4. No access to mortgage financing

Thai banks do not extend mortgage credit to nominee structures. This eliminates any possibility of leverage for the investor.

5. Increased scrutiny at point of sale

Even if the original purchase proceeded without incident, the Land Department now routinely requests documentation confirming the source of funds and the identity of the true beneficial owner at the time of resale.

FAQ

Can a foreigner own land in Thailand? No. The Land Code Act explicitly prohibits foreign land ownership. There is a narrow exception for investments of at least 40 million baht channelled through the Board of Investment (BOI), but the conditions are highly restrictive and rarely applicable to private buyers.

How many condominiums can a foreigner purchase? There is no limit on the number of units. The only restriction is the 49% foreign quota applied to the total floor area of each individual condominium building.

What happens to property when a nominee structure is discovered? The Land Department can annul the title deed. Assets become subject to forced sale proceedings. The foreign national faces criminal charges under the FBA.

Can a 30-year leasehold actually be extended? Only the initial 30-year term is legally binding. Renewal depends on the goodwill of the landowner. A well-drafted lease agreement incorporating superficies rights and security provisions substantially reduces the risk of a renewal being refused.
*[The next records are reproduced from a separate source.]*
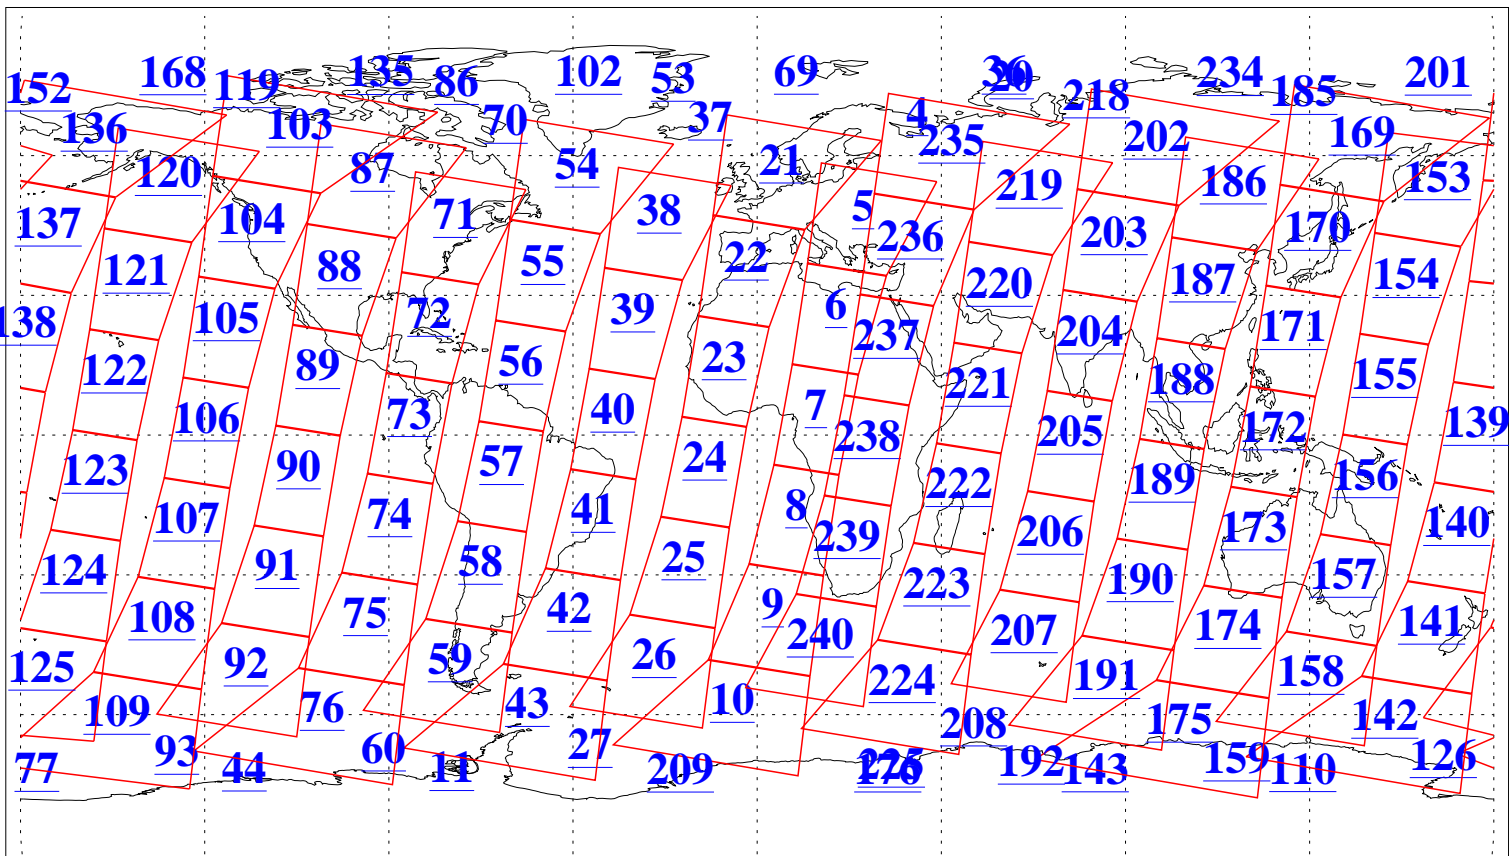

L1B Availability  
AMSU Granules: 240  
HSB Granules: 0  
AIRS Granules: 240

11 Aug 2022  
DoY 223  
Aqua Day 7404  
Granules: 1 to 120

Granules: 121 to 240

Legend: AMSU Available, HSB Available, AIRS Available

L1B Availability  
AMSU Granules: 240  
HSB Granules: 0  
AIRS Granules: 240

11 Aug 2022  
DoY 223  
Aqua Day 7404

Ascending Granules

Descending Granules

Legend: AMSU Available, HSB Available, AIRS Available

L1B Availability  
 AMSU Granules: 240  
 HSB Granules: 0  
 AIRS Granules: 240

11 Aug 2022  
 DoY 223  
 Aqua Day 7404

Northern Hemisphere Granules

Southern Hemisphere Granules

Legend: AMSU Available, ~~HSB Available~~, AIRS Available

How can I verify whether a company uses a nominee structure? Request the shareholder register from the Department of Business Development (DBD). If Thai individual shareholders appear as co-owners across dozens of companies with no visible personal income, this is a classic indicator of a nominee arrangement.

Which areas of Thailand see the most nominee-related cases? Phuket, Koh Samui, Pattaya, and Chiang Mai. These locations concentrate the highest foreign demand for villas with land.
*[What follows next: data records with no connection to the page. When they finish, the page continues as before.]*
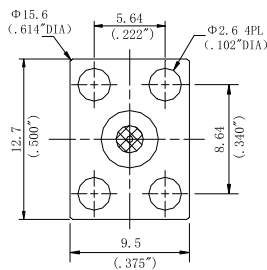

型号	ΦD1	ΦD2	L1	L2
LSAFP0103F01	2.2mm/0.087"	0.30mm/0.012"	3.2mm/0.126"	1.27mm/0.05"
LSAFP0204F01	3.9mm/0.154"	0.64mm/0.025"	15mm/0.59"	3mm/0.118"
LSAFP4203F01	2.2mm/0.087"	0.30mm/0.012"	4.3mm/0.169"	1.3mm/0.051"
LSAFP0304F01	2.1mm/0.083"	0.64mm/0.025"	15mm/0.59"	3mm/0.118"

型号	ΦD1	ΦD2	L1	L2
LSAFP0103F02	2.2mm/0.087"	0.30mm/0.012"	3.2mm/0.126"	1.27mm/0.05"
LSAFP0304F02	2.1mm/0.083"	0.64mm/0.025"	15mm/0.59"	3mm/0.118"
LSAFP4203F02	2.2mm/0.087"	0.30mm/0.012"	4.3mm/0.169"	1.3mm/0.051"

型号	ΦD1	ΦD2	L1	L2
LSAFP0103F03	2.2mm/0.087"	0.30mm/0.012"	3.2mm/0.126"	1.27mm/0.05"
LSAFP0304F03	2.1mm/0.083"	0.64mm/0.025"	15mm/0.59"	3mm/0.118"
LSAFP4203F03	2.2mm/0.087"	0.30mm/0.012"	4.3mm/0.169"	1.3mm/0.051"

型号	ΦD1	ΦD2	L1	L2
LSAFP0103F13	2.2mm/0.087"	0.30mm/0.012"	3.2mm/0.126"	1.27mm/0.05"
LSAFP0304F13	2.1mm/0.083"	0.64mm/0.025"	15mm/0.59"	3mm/0.118"
LSAFP4203F13	2.2mm/0.087"	0.30mm/0.012"	4.3mm/0.169"	1.3mm/0.051"

Is there an amnesty for investors already using nominees? No. The Thai government has discussed legalising foreign land ownership on multiple occasions, but no such legislation has been passed.

Can a Thai spouse hold land on behalf of a foreign partner? Yes, but at the time of purchase, the foreign spouse must sign a declaration confirming that the funds used do not belong to them. This creates a distinct legal situation with its own risks, particularly in the event of divorce.

Which is better: a freehold condo or a leasehold villa? It depends on your objective. For rental income and liquidity, a freehold condominium performs better. For personal residential use, a villa is more comfortable, but exiting the investment is considerably more complex.

The arrest of the Chinese investor in June 2026 is not an extraordinary event - it is part of a new normal. Thai authorities are systematically closing loopholes that foreign buyers have exploited for decades. For any serious international investor, the only viable strategy in 2026 is to operate exclusively within legal frameworks: freehold condominiums, registered leaseholds, or usufruct rights. Any attempt to cut costs through grey-area structures risks the total and unrecoverable loss of the asset.